Reviews

“Feuerman’s figures seem capable of thought. They evoke an inward life, which invited the viewer’s speculation as well as signals the distance between them and us. We can never know what they might be thinking. And perhaps that’s the point.”

John Yau, Art Critic, Poet, Essayist, Editor, and Professor



“Feuerman’s is a vein of realism so far untapped; a significant intersection of classical illusion, unforgiving realism and eloquently silent objectivity. What we see is a common grounds of abstraction; a confluence of realisms that render “classicism,” “realism” and “non-objectivity” as incidental and merely exhibited properties of that work.”

Stephen C. Foster, Expert in Early Twentieth Century, European, and mid-twentieth Century American Art, Renowned Art Historian, Author, and Curator



“Each and everybody is meticulously rendered, and alive with urgent feeling, even when it is no more than a fragment – a torso or foot, a face of elbow – symbolize of a grander femininity, indeed, of the eternal feminine. Feuerman clearly knows the female body from the emotional inside as well as the physical outside.”

Donald Kuspit, Renowned Art Critic, Author, Editor of Art Criticism, and Teacher



“Carole Feuerman’s art touches on a wide variety of personal emotions, centered on the human figure, and mainly women, Feuerman is indisputably the American doyenne of realistic figure sculpture.”

John T. Spike, Noted Art Historian of Italian Art of the Fifteenth through the Eighteenth, Director of the Florence Biennale, and Author



“Her creation performances are reminiscent of Jackson Pollock’s gestural paintings, yet they bring the fourth dimension of time into the three dimensional forms.”

Lisa Paul Streitfeld, Art Critic, Curator, Artist



“Feuerman’s Fragmentary sculptures grow on one as they are meant to do. She chooses familiar themes and movements. Feuerman’s art allows and encourages flights of fantasy, and involve us with an intimacy unexpected at first glance.”

Margaret Kelly, Curator, the FORBES Magazine collection



“Feuerman’s bronze castings are a brilliant example of deconstruction/reinvention of the perennial classical/contra classical dialogue. Carole A. Feuerman’s recent work gives contemporary meaning to the ancient adage, out of the fire comes life.”

George Nelson Preston, Ph.D. Department of Art CCNY/CUNY, 1999



“It can be said that the true measure of an artist’s credibility is how clearly the arc of her work parallels the trajectory of her life. Like Picasso or Pollack, as the artist matures and develops mastery of craft, the work itself becomes more simplified or abstract.”

Tarssa Yazdau, Writer & Artist



“Feuerman transforms her personal optimism and pain into her sculpture. Her work has great magnetism and demands interaction between the artist as a storyteller and the viewer. We reflect and are transformed by her work.”

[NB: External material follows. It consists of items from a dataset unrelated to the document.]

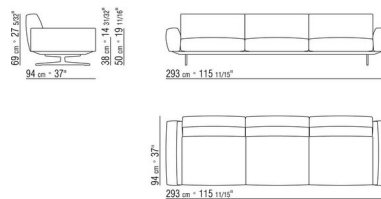

COD. 015G05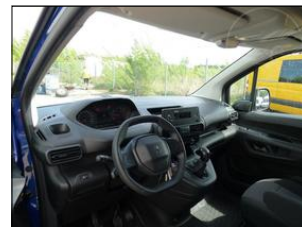

Informace o prodejci

AUTO-GRUBER VÁŠ SPECIALISTA NA UŽITKOVÉ VOZY

Vídeňská 129 14800 Praha 4 Kunratice

Telefon: +420 777 884 499 +420 604 534 911

Email: auto.gruber@seznam.cz

WWW: www.autogruber.cz

Otevírací doba:

Pondělí: 8:00 - 18:00

Úterý: 8:00 - 18:00

Středa: 8:00 - 18:00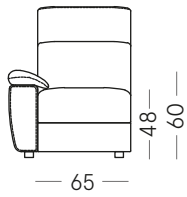

RELAX

Modello Milano | Milano Sofa

Laterale/side element 95x100 cm

MIL-LA-75-SX25

MIL-LA-75-DX25

Laterale/side element 100x100 cm

MIL-LA-75-SX25

MIL-LA-75-DX25

ELEMENTI CENTRALI/CENTRAL SOFA ELEMENTS

Centrale/Central 65x100 cm

MIL-J-65

Centrale/Central 75x100 cm

MIL-J-75

Centrale/Central 85x100 cm

MIL-J-85

CHAISE LONGUE

Chaise longue L 85x160 cm

MIL-CHL-65L-SX20

MIL-CHL-65L-DX20

Chaise longue L 90x160 cm

MIL-CHL-65L-SX25

MIL-CHL-65L-DX25

Chaise longue XL 85x180 cm

MIL-CHL-65XL-SX20

MIL-CHL-65XL-DX20

Chaise longue XL 90x180 cm

MIL-CHL-65XL-SX25

MIL-CHL-65XL-DX25

Chaise longue L 95x160 cm

MIL-CHL-75L-SX20

MIL-CHL-75L-DX20

Chaise longue L 100x160 cm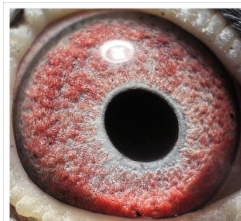

Rodowód gołębia

DV-0555-24-141

oryg. Aloys Ehlen (100% De Rauw-Sablon)

Krupa Team

tel.: 798 761 800 naszehodowle.pl

DV-0555-24-141
oryg. Aloys Ehlen
(100% De Rauw-Sablon)

(1:0)

_____ ♂

_____ ♀

_____ ♂

_____ ♀

_____ ♂

_____ ♀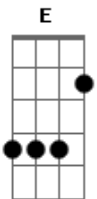

# Agrupación Marylin - Su Florcita

tom:

Intro: D -E -A

A  
Tan bonita, tan chiquita  
E  
Tan llena, de sonrisas  
D E  
Perfumada flor que crecía

A  
Doce años cumpliría  
E  
De la escuela no volvía  
D E  
Preocupada se la ve a mamá

A  
Su florcita la encontraron  
E  
En un gran descampado  
D E  
Su madre grita sin compasión

A E  
Sin vida estaba tirada golpeado  
D  
Por qué?  
E  
Quien fue?

A  
Como es que matan  
E  
A una niña tan pequeña

## Acordes

© ukulele-chords.com

© ukulele-chords.com

© ukulele-chords.com

D  
Solo tenía doce años  
E  
Toda una vida por vivir  
A  
Como es que matan  
E  
A una niña tan pequeña  
D  
Solo tenía doce años  
E  
Toda una vida por vivir, por vivir A

INTERMEDIO: A -E -D -E X 2

A  
Su florcita la encontraron  
E  
En un gran descampado  
D E  
Su madre grita sin compasión

A E  
Sin vida estaba tirada golpeado  
D  
Por qué?

E  
Quien fue?

A  
Como es que matan  
E  
A una niña tan pequeña  
D  
Solo tenía doce años  
E  
Toda una vida por vivir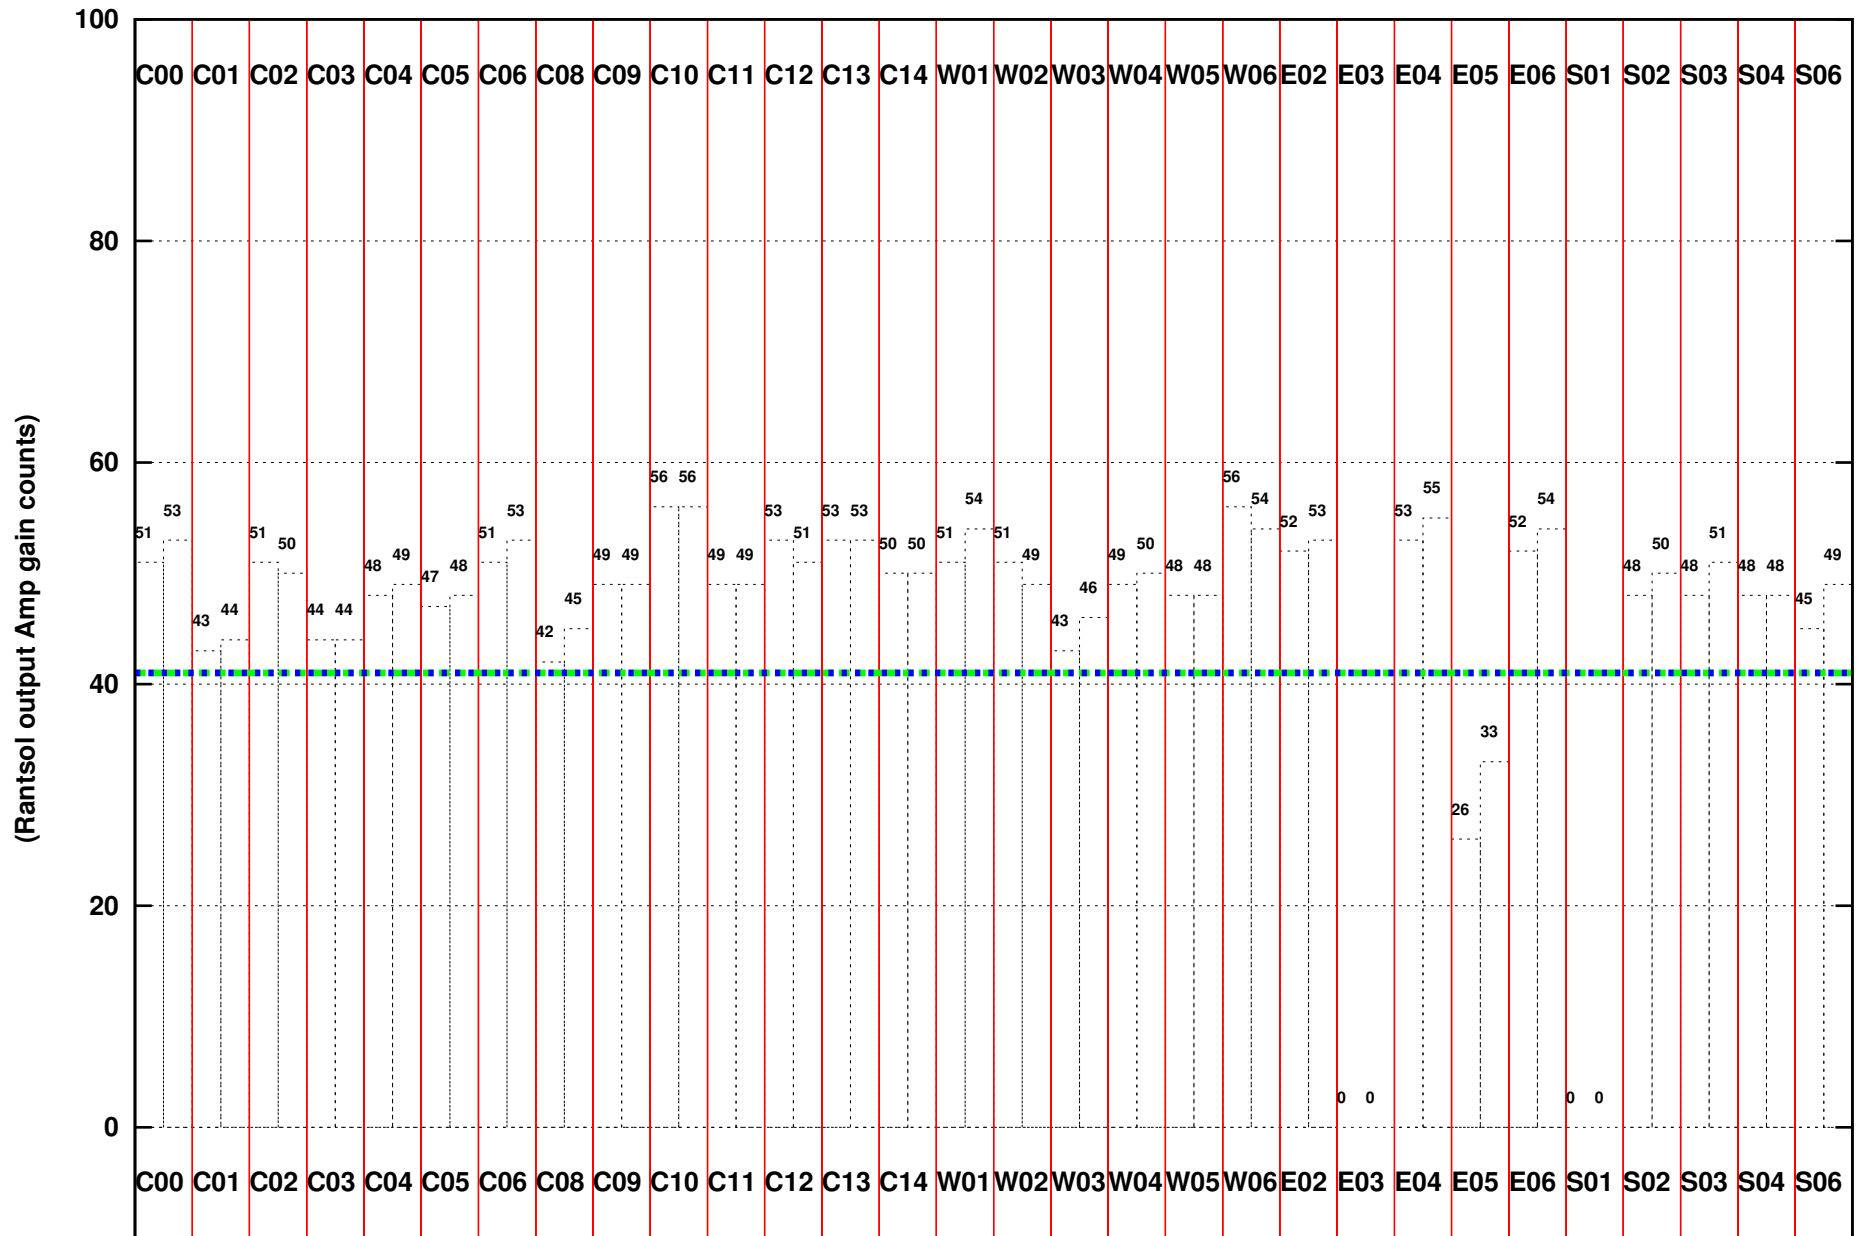

FRINGE STATUS (Rf:591.000,591.000 MHz., LO1:540.000,540.000 MHz., LO4/5:149.000,156.000 MHz.)

(File:/gsbifrddata/23nov/31_073_610_23nov2016.lta, scan:0, chan:128, Src:3C147, Date:23Nov2016 04:24:22)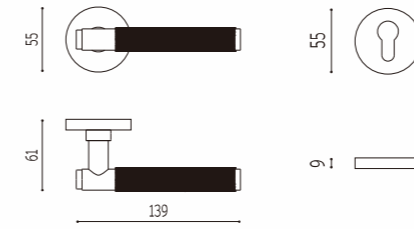

EUROLATON®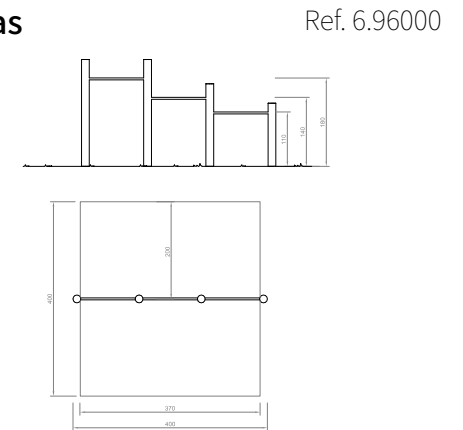

Barras horizontales a diferentes alturas

Espacio requerido incluida área de seguridad: 450 x 400 cm
Altura de caída: ≤ 2.00 m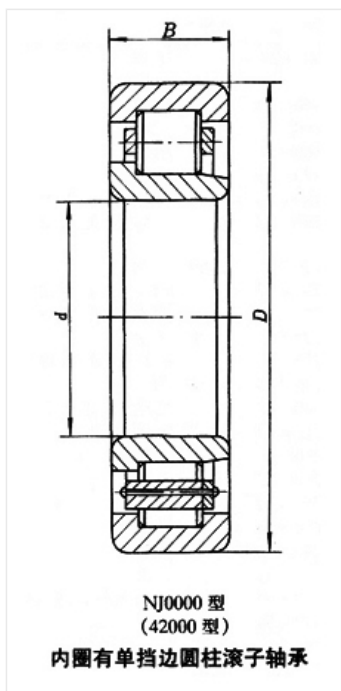

轴承型号 NJ305

外形尺寸(mm)

d: 25

D: 62

B: 17

极限转速(rpm)

脂润滑: —

油润滑: —

额定载荷

Cr(N): —

Cr(N): —

重量(kg) 0.201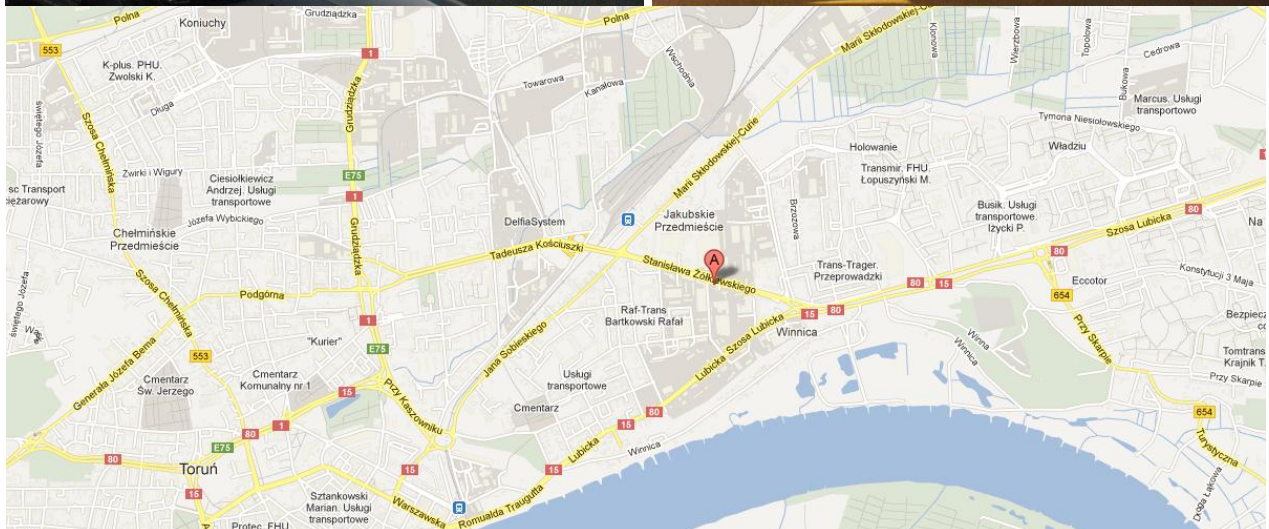

ŻÓŁKIEWSKIEGO 28-32, Toruń

Zalety lokalizacji:

- przy Galerii Copernicus – największym centrum handlowym w Toruniu
- droga na Warszawę, Olsztyn, jedno z największych osiedli mieszkaniowych Rubinkowo
- główny szlak komunikacji miasta
- oświetlona
- wymiary 7x8,5m

Faustino Quintanilla, Director of QCC Art Museum / CUNY



“Carole Feuerman knows there is gloom in the world, but she wants the viewer to share her celebration of life. It is the life that she breathes into the pieces after months of work that make them exist. And exist they do, as important contemporary sculptures that will prove themselves over the years.”

Richard Shack, Emeritus Board Chairman of the Museum of Contemporary Art, Los Angeles, Founder of NMMA, Board Member of Whitney Museum, 100 top art collectors



“For me, contact with the figure — eyes closed — creates a kind of interiority or intimacy that feels both voyeuristic and revelatory.”